Le Campiello perdu

Nouvelle d'Albert Valée

chapitre 7

Non mais des fois ! J’en ai marre de me faire arnaquer par tout ce qui a deux pattes dans cette ville.
Faudrait voir à pas me prendre pour Mister Cash quoi !
Et puis, vu sa taille… qu’est-ce que je risque ? Les murs de la placette ont répercuté longtemps ce qui devait être des imprécations.
M’en fous ! Comprends quand même pas !

           Voilà donc comment on se retrouve devant trois portes qui ne savent que dire No ! et une petite vieille qui ne pige que dal.
Elle doit être là, c’est forcé… y’a plus d’autre porte, alors je me mets à gueuler son nom dans le couloir :
- Sandrine ! C’est moi ! Sandrine ! Je suis là, c’est moi ! Sandrine !… répond quoi !

à la place de Sandrine, c’est une autre petite dame voûtée qui rapplique. Un peu moins ratatinée que la première, elle me demande :
- Si… heu, oui… Signoré ?
- Je cherche Sandrine, elle a loué un duplex ici ! Regardez, c’est écrit là, sur la carte !

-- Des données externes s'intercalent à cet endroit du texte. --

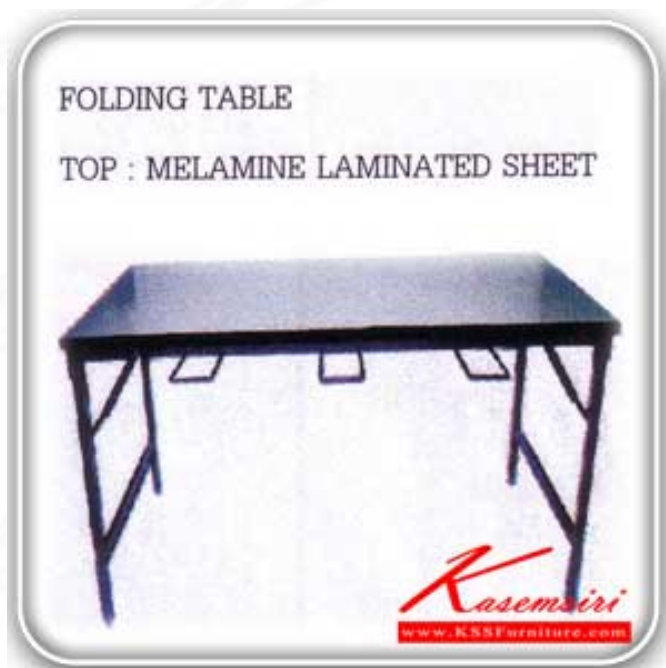

## รายการสินค้า 67502076::TFD-80180

ชื่อสินค้า : TFD-80180

หมวดหมู่สินค้า : โต๊ะอเนกประสงค์

แบรนด์สินค้า : TOKAI

รายละเอียด : โต๊ะพับอเนกประสงค์ มีที่แขวนแก้ว โครงขาเหล็กชุบโครเมียม โต๊ะอเนกประสงค์ TOKAI

- Pas Sandrine ici, Signoré… Solo mia sorella e io… seule Chiara - et elle me montre l’encore plus vieille qu’elle - e me… heu… moi ?
- Mais c’est pas possible !
- Ma si ! Pas Sandrine ici !

Je lui donne la carte qu’elle tourne et retourne et tout à coup son visage s’éclaire.

Elle se met à rire, ce qui ne l’arrange guère puis elle montre quelque chose d’indiqué sur la carte à sa frangine.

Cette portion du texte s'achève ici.